**WHAT NEEDS TO BE DONE**
Beginning with the line where "Low temperature wash" occurs, set down each line of the records through the final one, exactly and without additions.
- - -
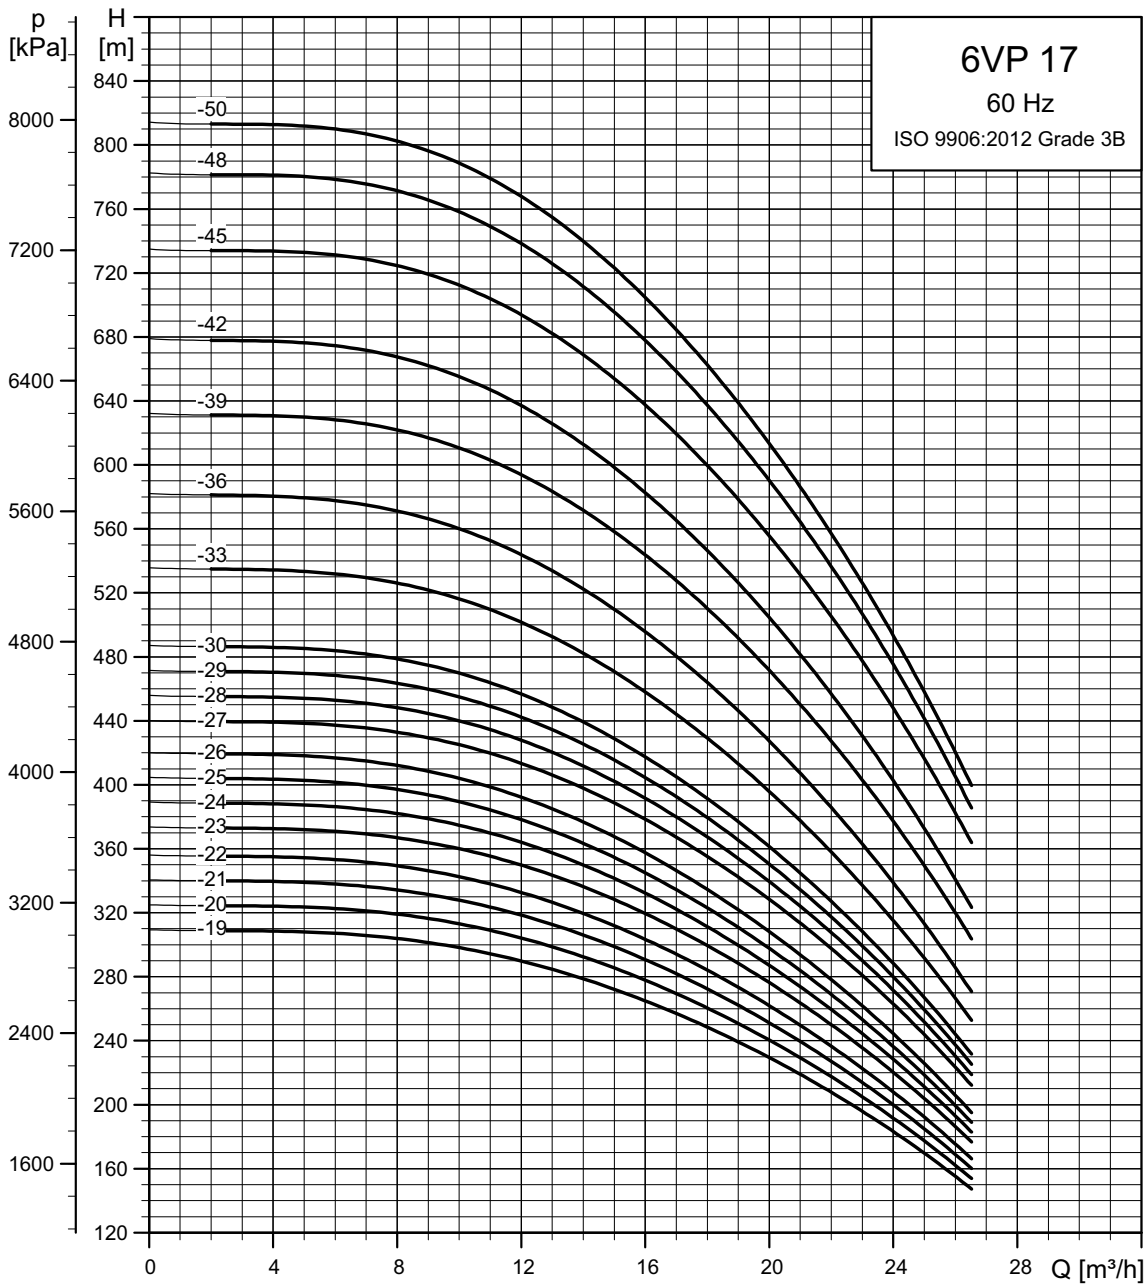

Performance Curves

6VP 17

Performance Curves

6VP 17

Pump Type	Rating		Stages	Delivery Size
	kW	HP		
6VP 30-1	1.5	2.0	1	3.0"
6VP 30-2	3.0	4.0	2	3.0"
6VP 30-3	4.0	5.0	3	3.0"
6VP 30-4	5.5	7.5	4	3.0"
6VP 30-5	7.5	10.0	5	3.0"
6VP 30-6	9.2	12.5	6	3.0"
6VP 30-7	9.2	12.5	7	3.0"
6VP 30-8	11.0	15.0	8	3.0"
6VP 30-9	13.0	17.5	9	3.0"
6VP 30-10	13.0	17.5	10	3.0"
6VP 30-11	15.0	20.0	11	3.0"
6VP 30-12	18.5	25.0	12	3.0"
6VP 30-13	18.5	25.0	13	3.0"
6VP 30-14	18.5	25.0	14	3.0"
6VP 30-15	22.0	30.0	15	3.0"
6VP 30-16	22.0	30.0	16	3.0"
6VP 30-17	22.0	30.0	17	3.0"
6VP 30-18	26.0	35.0	18	3.0"
6VP 30-19	26.0	35.0	19	3.0"
6VP 30-20	26.0	35.0	20	3.0"
6VP 30-21	30.0	40.0	21	3.0"
6VP 30-22	30.0	40.0	22	3.0"
6VP 30-23	30.0	40.0	23	3.0"
6VP 30-24	37.0	50.0	24	3.0"
6VP 30-25	37.0	50.0	25	3.0"
6VP 30-26	37.0	50.0	26	3.0"
6VP 30-27	37.0	50.0	27	3.0"
6VP 30-28	37.0	50.0	28	3.0"
6VP 30-29	45.0	60.0	29	3.0"
6VP 30-31	45.0	60.0	31	3.0"
6VP 30-33	45.0	60.0	33	3.0"
6VP 30-36	55.0	75.0	36	3.0"
6VP 30-39	55.0	75.0	39	3.0"
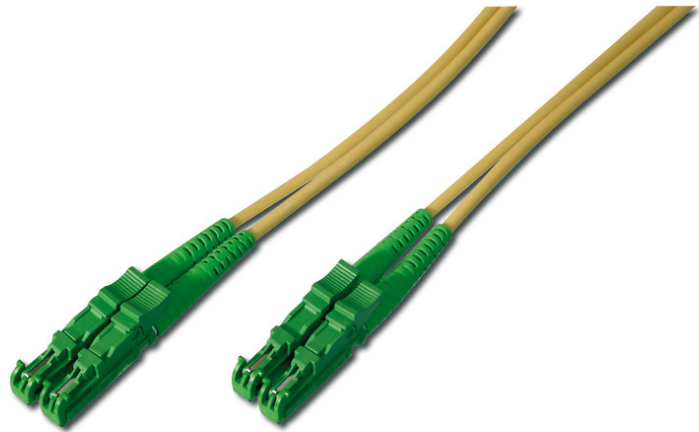

DIGITUS Fiber Optic Patch Cord, E2000 (8° APC) to E2000 (8° APC), Singlemode

AL-9E2000-011
EAN 4016032204725

FO patch cord, duplex, E2000 (APC) to E2000 (APC) R+M, SM OS2 09/125 μ, 1 m

Assmann Professional offers a wide range of high quality fiber optic patch cables. Practically every request and every requirement is covered by the broad range of cable types. The product range includes OM1, OM2, OM3 and OS2 versions. Assmann fiber optic installation cables guarantee the best performance and fail-safety. All cables are single packed a polybag with test report.

Cost reduction by verifiable quality and high performance.

- Duplex cable
- LSOH
- Connector with ceramic ferrule

- Single packed with test-report
- Single packed with test-report
- Assortment: Fiber Optic Patch Cables
- Boot: single-color
- Cable type: I-VH 2E9/125μ
- Color cable: yellow
- Connector 1: E2000 (APC)
- Connector 2: E2000 (APC)
- Fiber class: OS2
- Fiber diameter: 9/125μ
- Mode: Singlemode
- Packaging: Polybag
- Length: 1 m
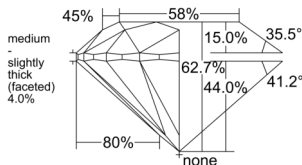

GIA®

FACSIMILE

GIA REPORT

1559116401

Verify this report at GIA.edu

GIA NATURAL DIAMOND DOSSIER®

April 24, 2026
GIA Report Number 1559116401
Shape and Cutting Style ..... Round Brilliant
Measurements ..... 4.77 - 4.80 x 3.00 mm

GRADING RESULTS

Carat Weight ..... 0.42 carat
Color Grade ..... H
Clarity Grade VS1
Cut Grade ..... Excellent

ADDITIONAL GRADING INFORMATION

Polish ..... Excellent
Symmetry ..... Excellent
Fluorescence ..... None
Clarity Characteristics..... Crystal, Cloud, Needle, Pinpoint
Inscription(s): GIA 1559116401

PROPORTIONS

Profile to actual proportions

GRADING SCALES

GIA COLOR SCALE

COLORLESS	D
	E
	F
	G
	H
	I
	J
NEAR COLORLESS	K
	L
FAIN	M
	N
	O
	P
VERY LIGHT	Q
	R
	S
	T
	U
	V
LIGHT	W
	X
	Y
	Z

GIA CLARITY SCALE

FLAWLESS	INTERNAL FLAWLESS	
		FLAWLESS
VERY VERY SLIGHTLY INCLUDED	VVS₁	
	VVS₂	
VERY SLIGHTLY INCLUDED	VS₁	
	VS₂	
SLIGHTLY INCLUDED	SI₁	
	SI₂	
INCLUDED	I₁	
	I₂	
	I₃	

GIA CUT SCALE

EXCELLENT
VERY GOOD
GOOD
FAIR
POOR
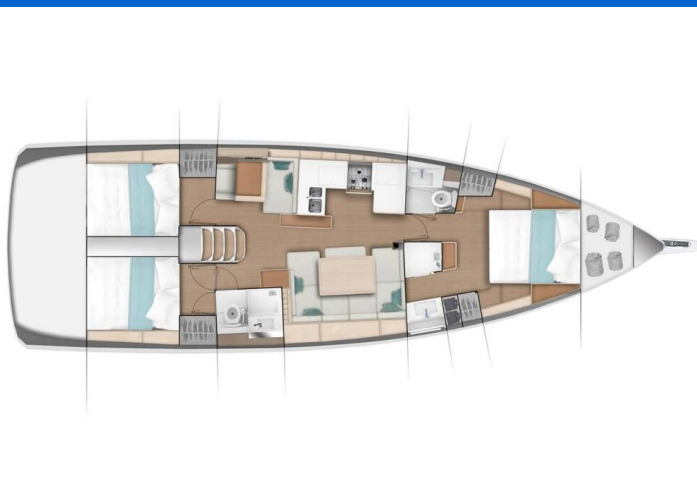

# SUN ODYSSEY 490

La Vita e Bella (2018)

Sailing yacht Sun Odyssey 490 La Vita e Bella, built in 2018 is anchored in the **Göcek, Aegean, Turkey**. It has **3 cabins**, can accommodate **6 people** and has **2 toilets**. Bed linen and kitchen equipment are included in the price.
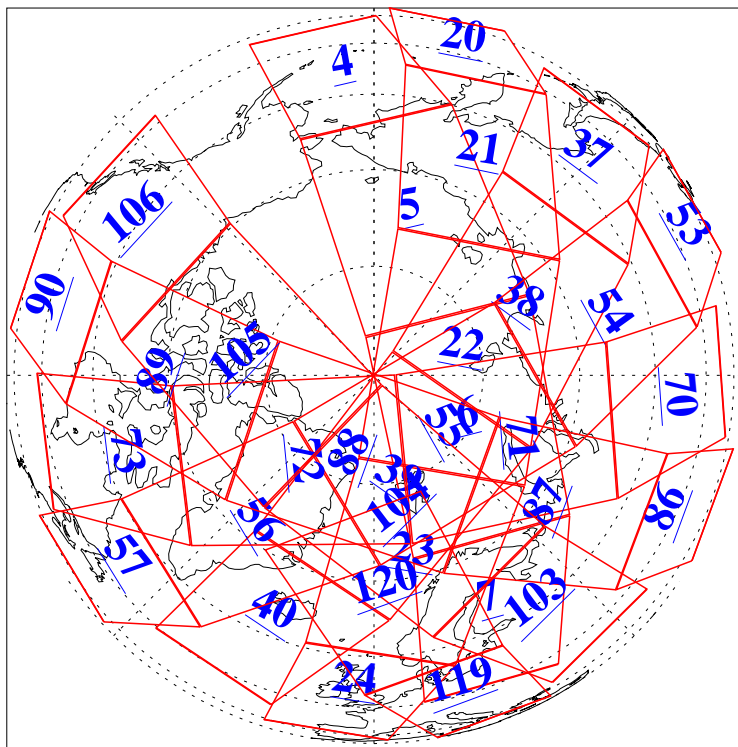

L1B Availability
AMSU Granules: 240
HSB Granules: 0
AIRS Granules: 240

14 May 2004
DoY 135
Aqua Day 741
Granules: 1 to 120

Granules: 121 to 240

Legend: AMSU Available, HSB Available, AIRS Available

L1B Availability
AMSU Granules: 240
HSB Granules: 0
AIRS Granules: 240

14 May 2004
DoY 135
Aqua Day 741

Ascending Granules

Descending Granules

Legend: AMSU Available, HSB Available, AIRS Available

L1B Availability
 AMSU Granules: 240
 HSB Granules: 0
 AIRS Granules: 240

14 May 2004
 DoY 135
 Aqua Day 741

Northern Hemisphere Granules

Southern Hemisphere Granules

Legend: AMSU Available, HSB Available, AIRS Available
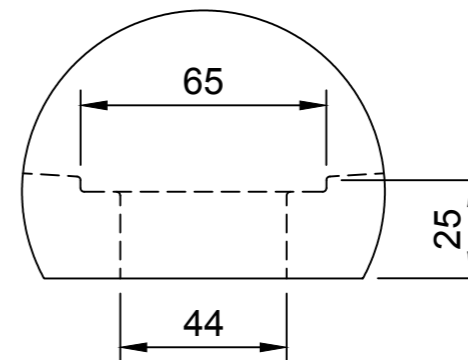

TOP

FRONT

ISOMETRIC

A (1:2)

	<p>WARRINGTON + ROSE</p>
	<p>DERN 380 X 150</p>
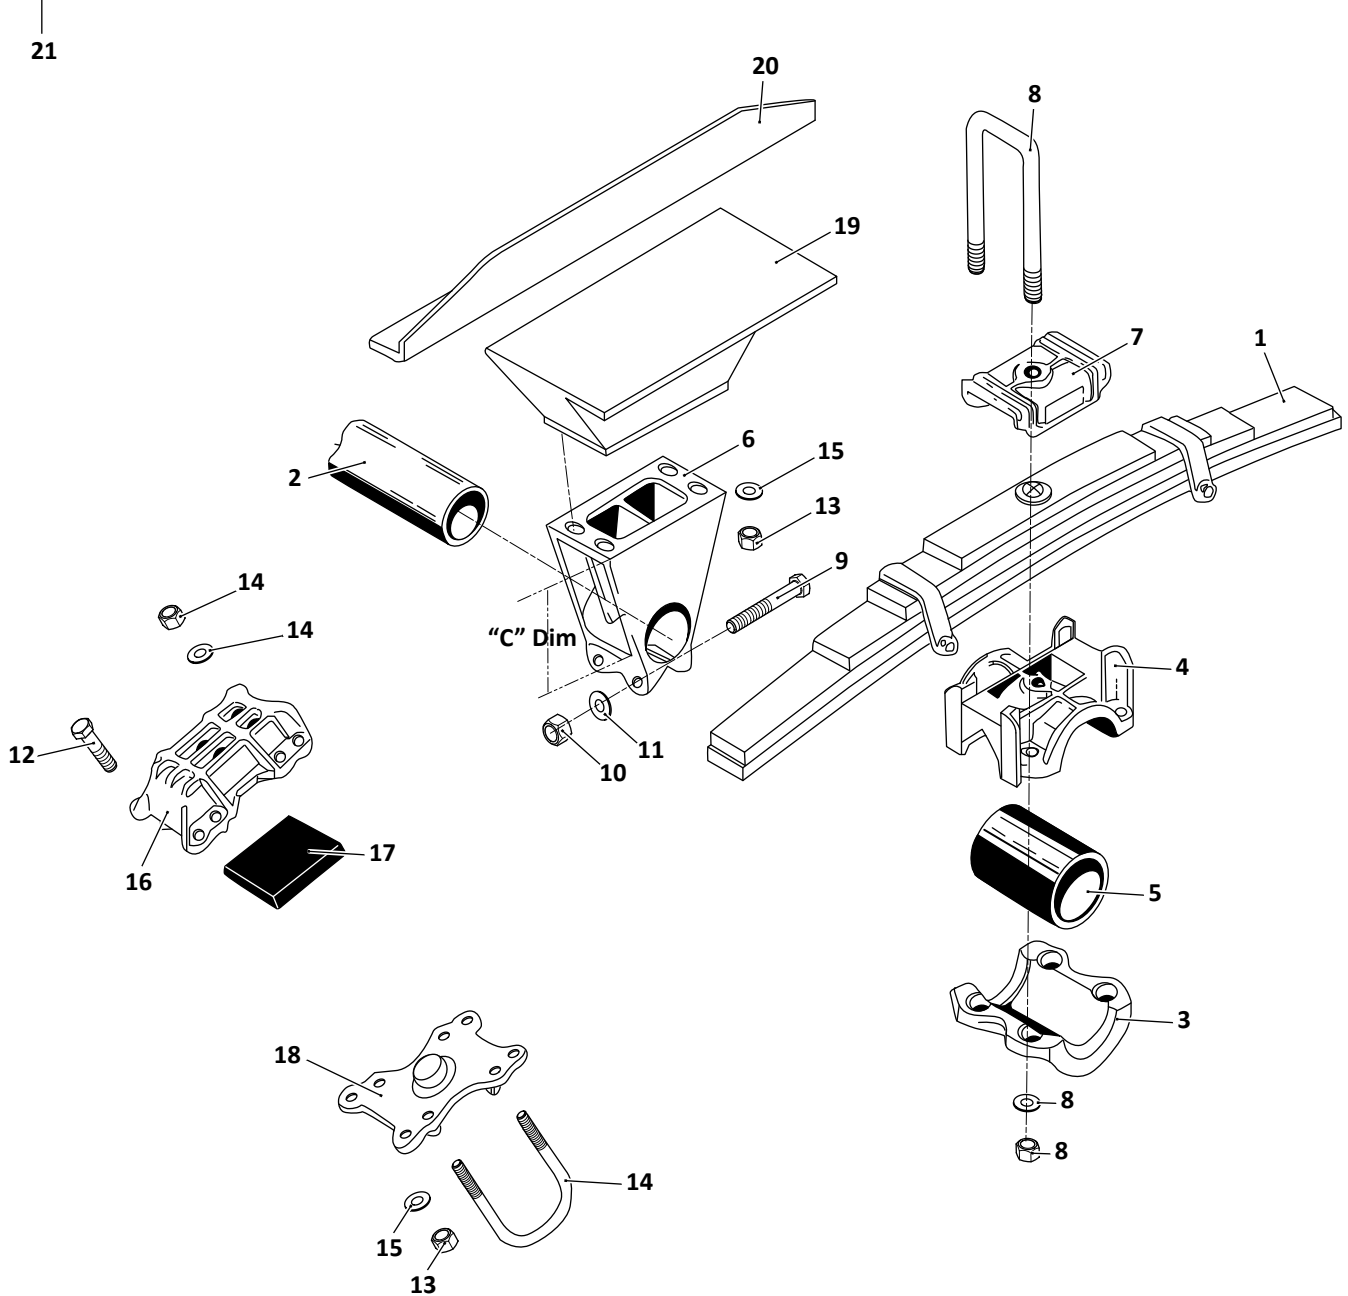

SAF-HOLLAND NEWAY

TS-426-A, -432, -436, -442, -536, -542
Trailer, Single Point Spring Suspension

Axle 5" Round Connection Kit

TS-426-A, -432, -436, -442, -536, -542 Trailer, Single Point Spring Suspension

KEY NO.	MERITOR NO.	GENUINE	MACH NO.	OEM REF.	DESCRIPTION	QTY. PER TANDEM	PAGE NO.
1	S.O.S.		-	Various	Spring Assembly	2	-
2	R302964		-	91038003	Trunnion Shaft, 426-A, 432, 436, 536 Models	1	130
	S.O.S.		-	91038004	Trunnion Shaft, 442 & 542 Models	1	-
3	R304302		G-4302	91010047	Trunnion Rubber Cap	2	130
4	R304301		G-4301	91001051	Trunnion Spring Seat	2	130
5	R301332	-	G-1332	91008022	Bushing, Trunnion, Rubber	2	129
	R307486	-	-	-	Bushing, Trunnion, Poly	2	129
6	R305213	-	-	91001054	Trunnion Mounting Bracket, 2-1/2" C Dimension	2	129
	R304312	-	G-4312	91001055	Trunnion Mounting Bracket, 4-1/2" C Dimension	2	129
	R305214	-	-	91001056	Trunnion Mounting Bracket, 6-1/2" C Dimension	2	129
	R305215	-	-	91001058	Trunnion Mounting Bracket, 8-1/2" C Dimension	2	129
7	R304298		-	91010021	Top Plate	2	132
8	R30UB8287-11	-	-	90042796	U-Bolt Assembly, Square Bend, 1-1/8" - 12 x 5-3/4" Wide x 11" Long, 5 & 6 Leaf Springs	4	-
	R30UB8287-14	-	-	-	U-Bolt, Assembly, Square Bend, 1-1/8" - 12 x 5-3/4" Wide x 14" Long, 7 & 8 Leaf Springs	4	-
9	R3016597	-	-	93003621	Bolt, 3/4" - 10 x 4-1/2" Long	4	-
10	R304347	-	-	93400492	Nut, 3/4" - 10	4	-
11	R302545	-	-	93600156	Flat Washer, 3/4"	4	-
12	R304348	-	-	93003345	Bolt, 5/8" - 11 x 2" Long	24	-
13	R302988	-	-	93400490	Nut, 5/8" - 11	40	-
14	R30UB8145-076	-	-	90041067	U-Bolt Assembly, Round Bend, 5/8" - 18 x 5" Wide x 7-3/4" Long	8	-
	S.O.S.		-	90042061	U-Bolt Assembly, Round Bend, 5/8" - 18 x 8-1/2" Long, 7 & 9 Leaves Spring	8	-
15	R302547	-	-	93900025	Flat Washer, 5/8"	40	-
16	R304309		-	91010043	Spring End Cap, 426-A, 432, 436, 536 Models	4	132
	R304308		G-4308	91010038	Spring End Cap, 442 & 542 Models	4	132
17	R301330	-	G-1330	91028089	End Pad, Rubber, TS-426-A Suspension	4	133
	R308670	-	-	-	End Pad, Poly, TS-426-A Suspension	4	133
	R301329A	-	-	91028152	End Pad, Rubber, TS-432, 436, 442, 536, 542 Suspensions	4	133
18	R304305	-	-	91001044	Spring End Pad, 5" Round Axle	4	133
	R302965		G-2965	91001049	Spring End Pad, Repair Plate	As Req.	133
19	S.O.S.		-	91018008	Frame Bracket	2	-
20	S.O.S.		-	91023057	Frame Support Angle	2	-
21	R304383	-	-	48100020/ SRK-23	Connection Kit, Axle 5" Round, Kit Includes Key Nos. 12, 13, 14, 15, 17	1	133

Denotes Product is Genuine SAF-Holland Neway
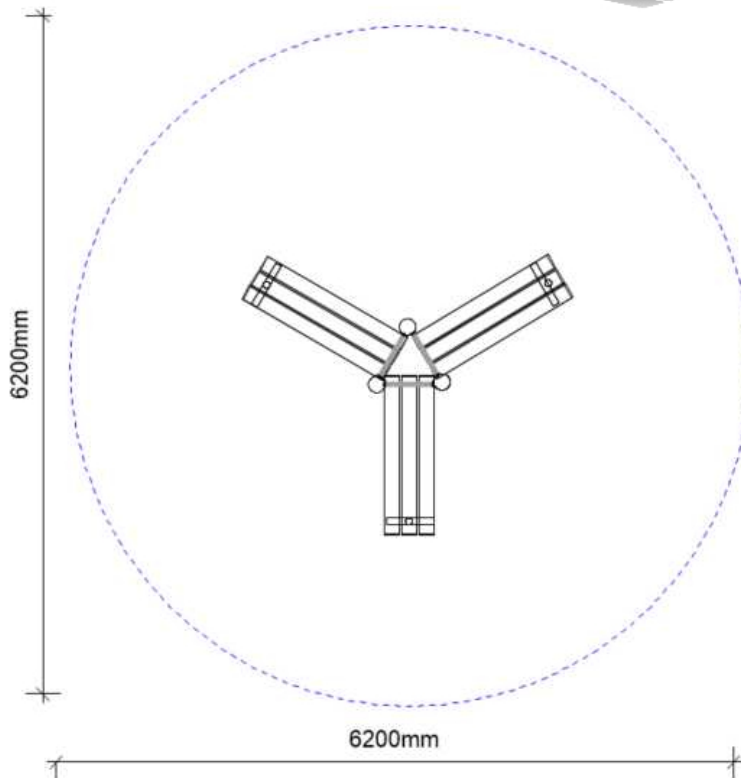

Suitable
14+
Years

Datasheet

Health and Fitness

TSU1500

Timber Triple Sit Up

Capacity **3**
Activities **3**

Max Fall Height	Fall Space Perimeter	Fall space Area
0.9m	20m	30.5m²

Fitness Value
STAMINA; STRENGTH;
Abdominal
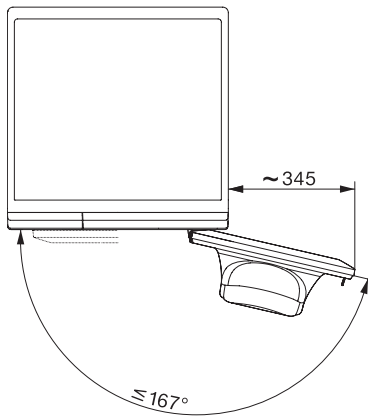

WEB385 WCS 125 Edition

W1 front-loader washing machine

with A -20 %, SteamCare and PowerWash for excellent laundry care.

EAN: 4002516766797 / Material number: 12453900 / Old Material Number: 11EB3851GB

Low temperature wash "Cold" and "20 °C"	•
Flow meter	•
Foam sensing	•
ProfiEco motor	•
Wash programmes	
QuickPowerWash	•
Cottons (coloureds)	•
Minimum iron	•
Delicates	•
Shirts	•
Woollens (hand-washable)	•
Express 20	•
Dark garments / Denim	•
Freshen up (steam)	•
Drain / Spin	•
ECO 40-60	•
Washing extras	
Short	•
Pre-wash	•
Water plus	•
Additional rinse cycle	•
Steam smoothing	•
Pre-ironing with steam	•
Buzzer	•
Safety	
Water protection system	Watercontrol-System
Safety lock	•
PIN-Code	•
Optical interface	•
Technical data	
Dimensions in mm (width)	596
Dimensions in mm (height)	850
Dimensions in mm (depth)	636
Appliance depth in mm with opened door	1054
Appliance depth excluding door (for building-under) in mm	600
Weight in kg	80
Total rated load in kW	2.10-2.40
Voltage in V	220-240
Fuse rating in A	10
Frequency in Hz	50
Length of supply lead in m	2

WEB385 WCS 125 Edition

W1 front-loader washing machine

with A -20 %, SteamCare and PowerWash for excellent laundry care.

W1 installation drawing, slanted facia or straight facia, measures in mm

W1 drawing, slanted facia or straight facia, measures in mm

W1 drawing, slanted facia or straight facia, measures in mm

W1 drawing, slanted facia or straight facia, measures in mm
- - -
**OUTPUT**
Low temperature wash "Cold" and "20 °C"	•
Flow meter	•
Foam sensing	•
ProfiEco motor	•
Wash programmes	
QuickPowerWash	•
Cottons (coloureds)	•
Minimum iron	•
Delicates	•
Shirts	•
Woollens (hand-washable)	•
Express 20	•
Dark garments / Denim	•
Freshen up (steam)	•
Drain / Spin	•
ECO 40-60	•
Washing extras	
Short	•
Pre-wash	•
Water plus	•
Additional rinse cycle	•
Steam smoothing	•
Pre-ironing with steam	•
Buzzer	•
Safety	
Water protection system	Watercontrol-System
Safety lock	•
PIN-Code	•
Optical interface	•
Technical data	
Dimensions in mm (width)	596
Dimensions in mm (height)	850
Dimensions in mm (depth)	636
Appliance depth in mm with opened door	1054
Appliance depth excluding door (for building-under) in mm	600
Weight in kg	80
Total rated load in kW	2.10-2.40
Voltage in V	220-240
Fuse rating in A	10
Frequency in Hz	50
Length of supply lead in m	2

WEB385 WCS 125 Edition

W1 front-loader washing machine

with A -20 %, SteamCare and PowerWash for excellent laundry care.

W1 installation drawing, slanted facia or straight facia, measures in mm

W1 drawing, slanted facia or straight facia, measures in mm

W1 drawing, slanted facia or straight facia, measures in mm

W1 drawing, slanted facia or straight facia, measures in mm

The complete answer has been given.